Report: 152 Afghan trainees went AWOL in U.S. since 2005

An Afghan national army soldier fires during a military maneuver Tuesday at the outskirt of Kabul, Afghanistan. A watchdog group reported 152 Afghan soldiers training in the United States have fled military bases and gone AWOL since 2005. File Photo by Jawad Jalali/EPA

Oct. 22 (UPI) — More than 150 Afghan troops training in the United States have fled military bases and gone AWOL since 2005, according to a new military watchdog report.

The Special Inspector General for Afghanistan Reconstruction found that 152 of the 320 foreign military trainees that went AWOL while training in the United States were from Afghanistan.

Of that total, 13 of the trainees were still at large and 70 fled the United States as of March 7. Among the others, 39 gained legal status in the United States, 27 were arrested, removed or in the process of being taken out of the United States and three returned to their training base.

They have fled bases that include Lackland Air Force Base in Texas; Fort Rucker, Ala.; Fort Benning, Ga.; Fort Leonard Wood, Mo., and Fort Huachuca, Ariz.

The report noted that AWOLs have increased as the death toll of Afghan police and military rose. In the latest incident Saturday, at least 15 military cadets died in a bombing of their minibus in Kabul, bringing the death toll from attacks in Afghanistan to more than 150 in one week.

Nearly $70 billion has been spent to train and equip the Afghan security forces, the report said.

President Donald Trump has ordered more troops to fight in the Afghanistan war against the Taliban, which has already led to the deaths of 2,200 U.S. troops and several thousand Afghan forces.

John F. Sopke, the inspector general, said the numbers will increase because “the security situation in Afghanistan has continued to deteriorate.”

He noted numbers have been increasing because of threats of death, widespread corruption and dismal job prospects.

“We found that the increasing instances of AWOL since 2015 may have had a negative impact on operational readiness of Afghan National Defense and Security Forces units and the morale of fellow trainees and home units, and posed security risks to the United States,” Sopke said.

Sopke, in a letter to Secretary of State Rex Tillerson, Secretary of Defense Jim Mattis and acting Secretary of Homeland Security Elaine Duke, suggested Defense Department mentors “work closely” with Afghanistan’s defense and interior ministries.

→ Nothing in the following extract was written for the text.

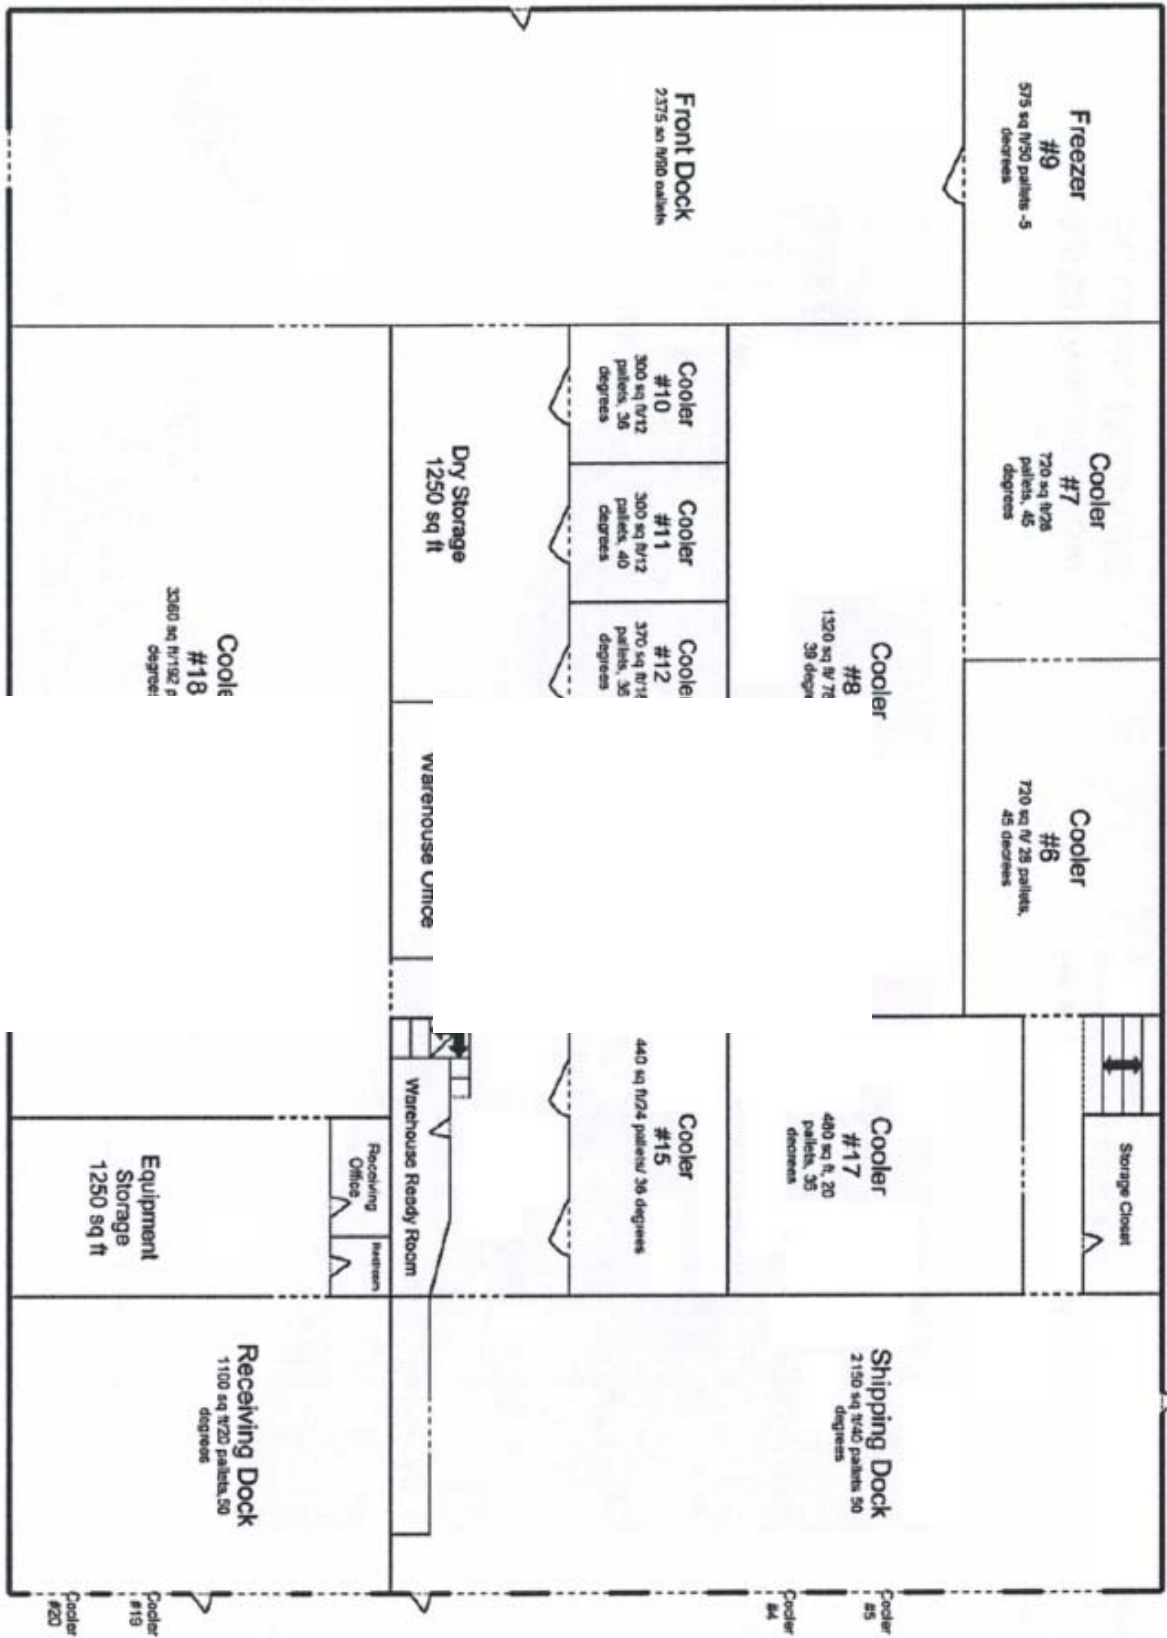

92-98 Produce Row ±20,167 sq. ft.

Floor Plan Not to Scale

He also suggested better coordination with U.S. Immigration and Customs Enforcement and U.S. Citizenship and Immigration Services.

Sen. Charles E. Grassley, R-Iowa, chairman of the Judiciary Committee, addressed his concerns in a letter to Tillerson and Duke.

“There are so many problems here, it’s hard to know where to start,” Grassley said in a release. “If the U.S. government can’t keep tabs on foreign military trainees, maybe the training shouldn’t take place in the United States. The report also shines new light on the old problem of agency failures to communicate with each other, even under the same departmental umbrella. They have to do a better job of that, especially those fulfilling the No. 1 responsibility of the federal government of protecting the homeland.”